EX-8.1 4 ex-81.htm

EXHIBIT 8.1


April 23, 2001


Board of Directors
Charter One Financial, Inc.
1215 Superior Avenue
Cleveland, OH 44114

       Re:   Certain Federal Income Tax Consequences of the Alliance Merger

Ladies and Gentlemen:

       We have acted as counsel to Charter One Financial, Inc. ("COFI") in connection with the proposed merger (the "Merger") of Alliance Bancorp ("Alliance") with and into Charter Michigan Bancorp, Inc. ("Charter Michigan"), a wholly owned, first tier subsidiary of COFI, pursuant to an Agreement and Plan of Merger dated as of January 22, 2001, (the "Merger Agreement") by and between COFI, Charter Michigan and Alliance.

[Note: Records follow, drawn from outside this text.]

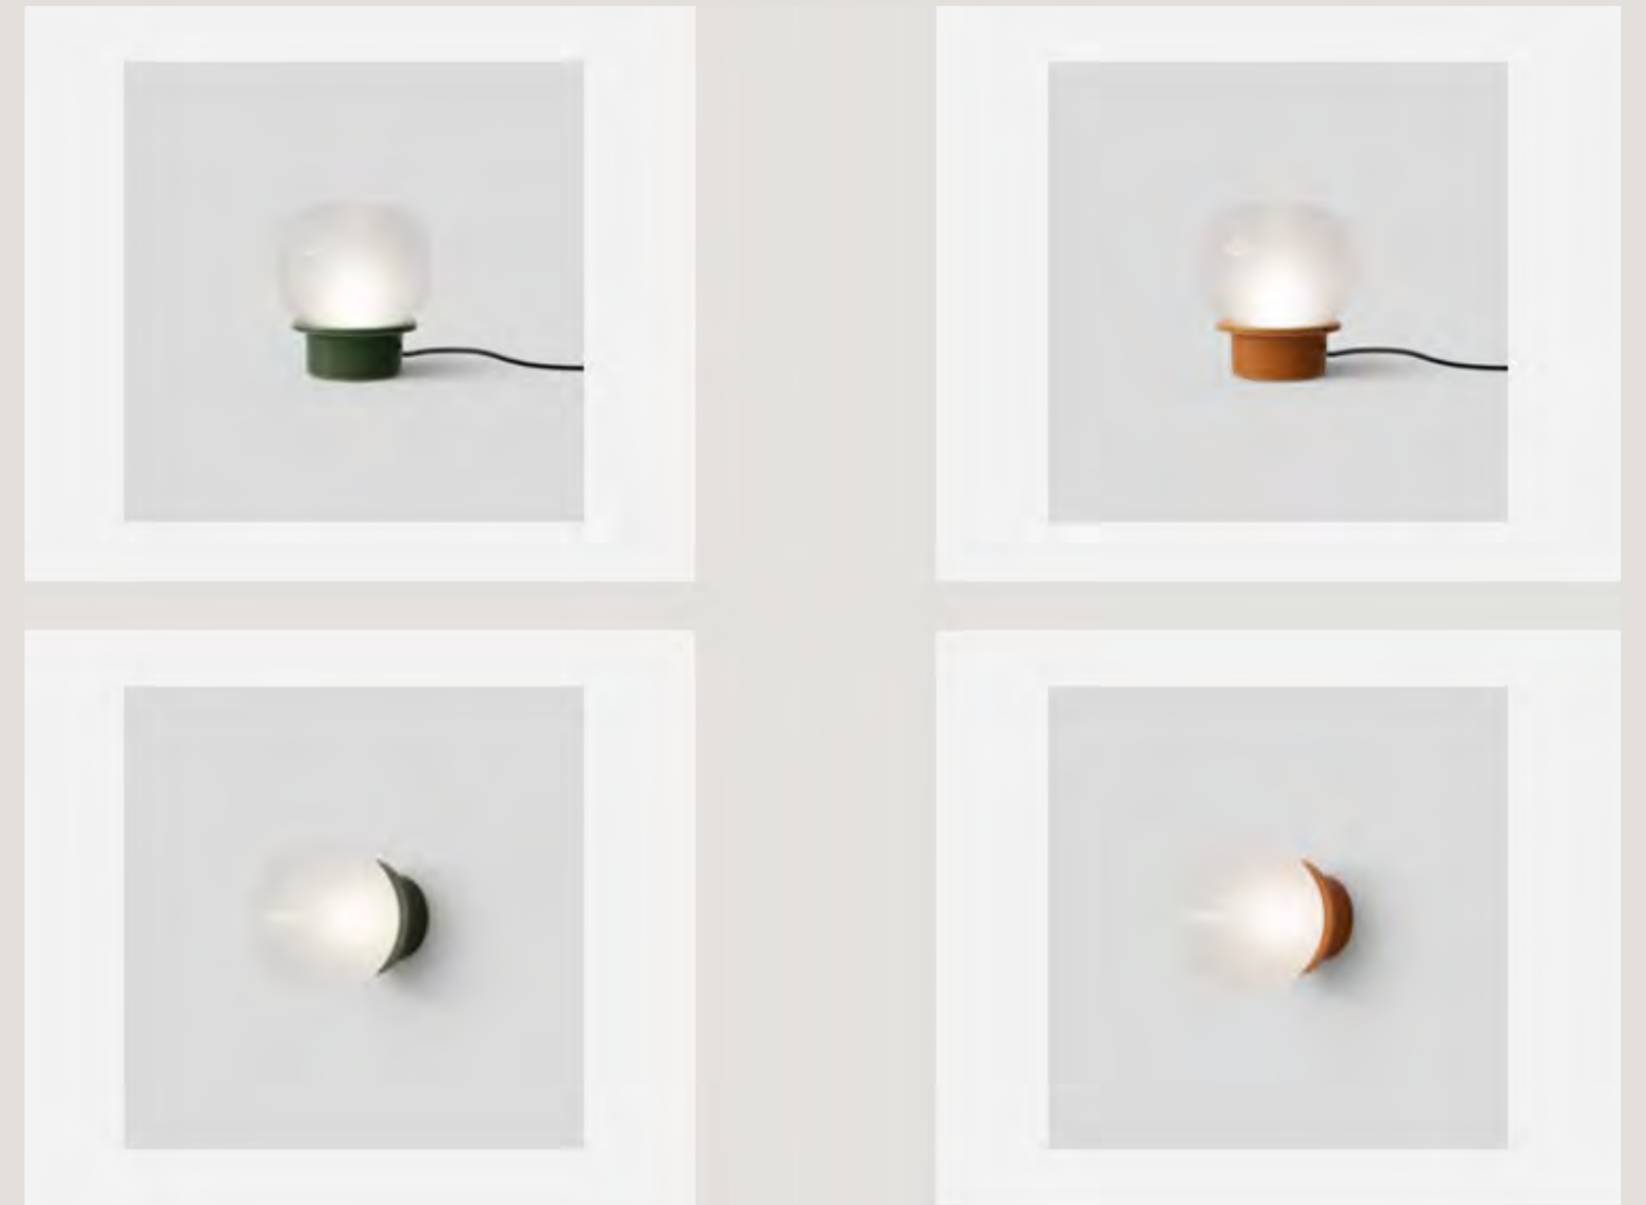

NEW 2025

Specifications

TYPOLOGY	Table
MATERIALS	Glazed Porcelain Base, Internally-Frosted Blown Glass Diffuser
DIMENSIONS	Ø 130 × 145mm
CABLE LENGTH	1500mm
DIFFUSER DIAMETER	Ø 130mm
WEIGHT	0.75kg
MAINS VOLTAGE	220V AC
CONTROL	Cable Dimmer
LIGHT SOURCE	1 × G9 4.5W Maximum Bulb Not Included

CE EAC IP20

astep®

astep®

LILLE

настенная/потолочная лампа

NEW 2025

Specifications

TPOLOGY	Wall
MATERIALS	Glazed Porcelain Base, Internally-Frosted Blown Glass Diffuser
DIMENSIONS	Ø 130 x 145mm
DIFFUSER DIAMETER	Ø 130mm
WEIGHT	0.60kg
MAINS VOLTAGE	220V AC
LIGHT SOURCE	1 x G9 4.5W Maximum Bulb Not Included

CE EAC  IP20

astep®

astep®

262/ GINO SARFATTI

НАСТЕННАЯ ЛАМПА

262/WHITE

Specifications

TYPOLOGY	Wall
MATERIALS	Spun Aluminum Reflector
DIMENSIONS	Ø 468 x 160mm
WEIGHT	1.10kg
MAINS VOLTAGE	220V AC
LIGHT SOURCE	1 x E27 LED (7W Max) 2700K Complimentary Bulb Included *

You have requested that we provide an opinion regarding the treatment of the Merger under the Internal Revenue Code of 1986, as amended (the "Code"), and the accuracy of the tax disclosures in the proxy statement-prospectus (the "Proxy Statement") filed as part of the Registration Statement on Form S-4, as amended (file no. 333-57196).

       In providing this opinion, we have relied on (i) the description of the transaction as set forth in the Merger Agreement, (ii) the description of the transaction as set forth in the Proxy Statement and the exhibits thereto, and (iii) representations provided by COFI and Alliance concerning certain facts relating to the Merger.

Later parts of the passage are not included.